_Work instructions_.
Search the listing below for "Contact". Copy each matching line.

☆ ☆ ☆ ☆ ☆ ☆ ☆

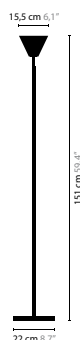

MOONLIGHT PARTY F1

6305 / CLEAR GLASS
6305si / SILVER GLASS INSIDE

1 x 20W max. / G4 / 12V incl.
incl. regular
Colours: 00-01-02-05-16
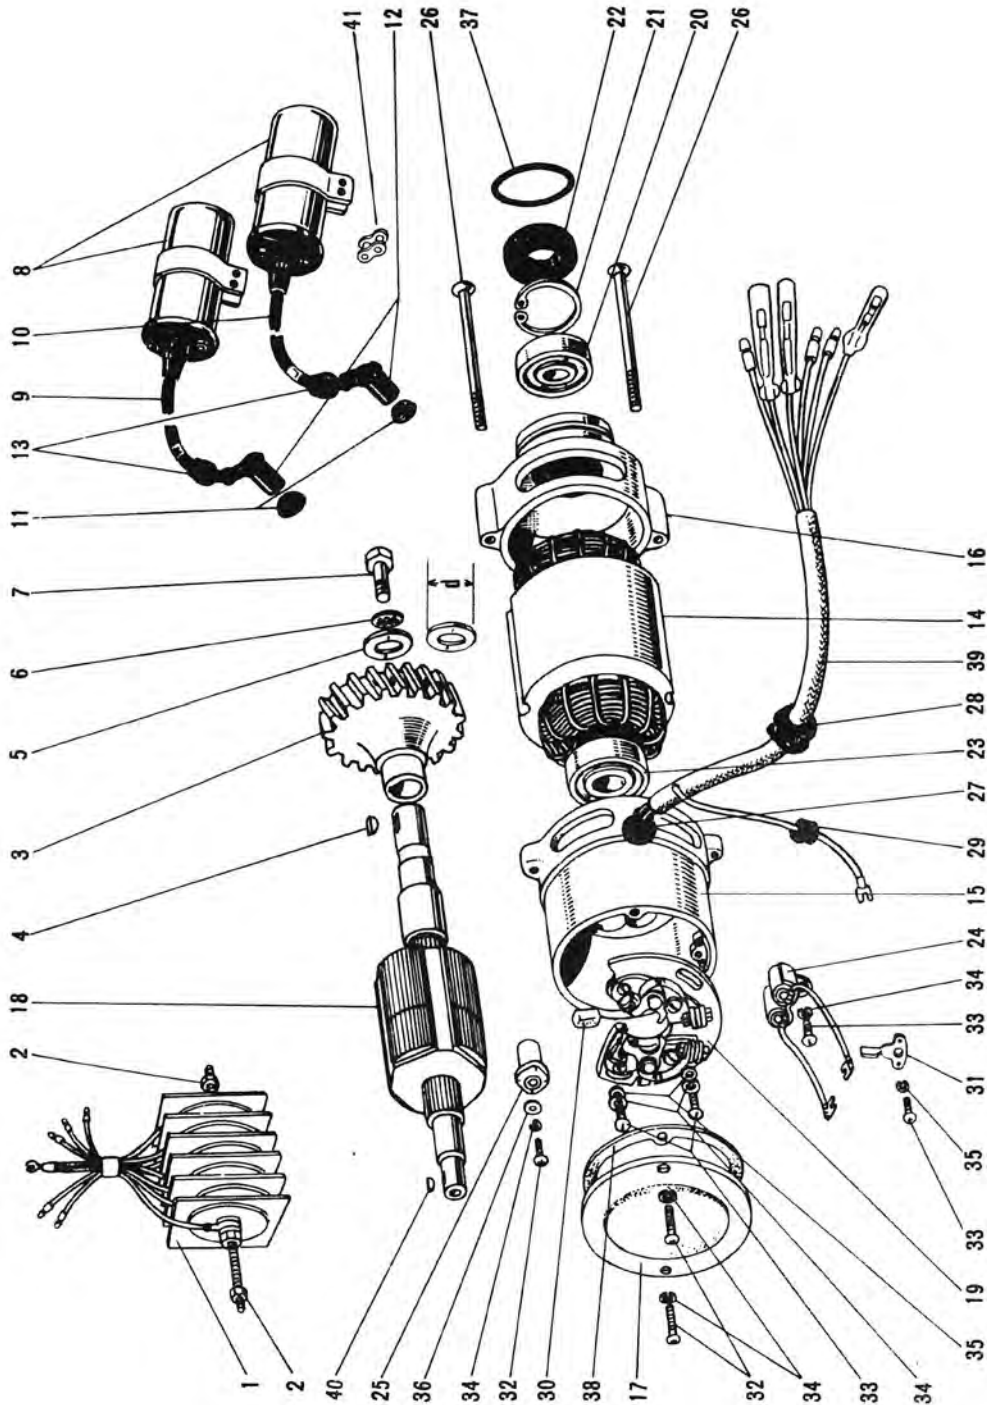

A-SERIES

9-1. Electrical Equipment for Engine (2/2) for E/No. A1E02533 and Below.

9-1. Electrical Equipment for Engine (2/2) for E/No. A1E02533 and Below.

Ref. No.	D.P. No.	New Part No. (Old Part No.)	Part Name	Quantity A1	Remarks
23	1013637	21009-002 (A1010-9211)	#6201ZZ Ball Bearing	1	
24	1013645	21013-007 (A1010-9212)	Condenser	1	
25	1013653	21014-002 (A1010-9213)	Cam	1	
26	1013688	21015-001 (A1010-9214)	6 x 95 Oval Countersunk Head Screw	(2)	WHN EXH USE 21015-004 (A7010-9214)
	1081268	21015-004 (A7010-9214)	6 x 98 Oval Countersunk Head Screw	2	
27	1013696	21017-001 (A1010-9215)	Dynamo Wiring Harness Grommet (A)	1	
28	1013717	21017-003 (A1010-9216)	Dynamo Wiring Harness Grommet (B)	1	
29	1013726	21017-005 (A1010-9217)	Dynamo Wiring Harness Grommet (C)	1	
30	1013734	21019-006 (A1010-9218)	Oil Felt	1	
31	1013742	21020-001 (A1010-9219)	Ignition Timing Pointer	1	
32	1013769	21022-017 (A1010-9221)	4 x 10 Pan Head Screw	3	
33	1013777	21022-010 (A1010-9222)	4 x 6 Pan Head Screw	(4)	WHN EXH USE 220B0406
	1096664	220B0406	4 x 6 Pan Head Screw	4	
34	1091336	461F0400	4 m/m Spring Washer	6	
35	1013785	21025-002 (A1010-9224)	4 m/m Plain Washer (A)	3	
36	1013793	21025-006 (A1010-9225)	4 m/m Plain Washer (B)	1	
37	1013807	21027-002 (A1010-9226)	46 m/m "O" Ring	1	
38	1013815	21028-001 (A1010-9227)	Contact Breaker Cover Gasket	(1)	WHN EXH USE 21028-002 (A7010-9227)
	1081292	21028-002 (A7010-9227)	Contact Breaker Cover Gasket	1	
39	1013823	21029-004 (A1010-9228)	Dynamo Wiring Harness Complete	1	
40	1013858	21030-001 (A1010-9229)	Cam Woodruff Key	1	
41	1125834	92026-051 (A1010-8399)	Spacer	4	E/No. A1E02533 and Below.

☆ ☆ ☆ ☆ ☆ ☆ ☆

_Problem solution_.
38	1013815	21028-001 (A1010-9227)	Contact Breaker Cover Gasket	(1)	WHN EXH USE 21028-002 (A7010-9227)
	1081292	21028-002 (A7010-9227)	Contact Breaker Cover Gasket	1	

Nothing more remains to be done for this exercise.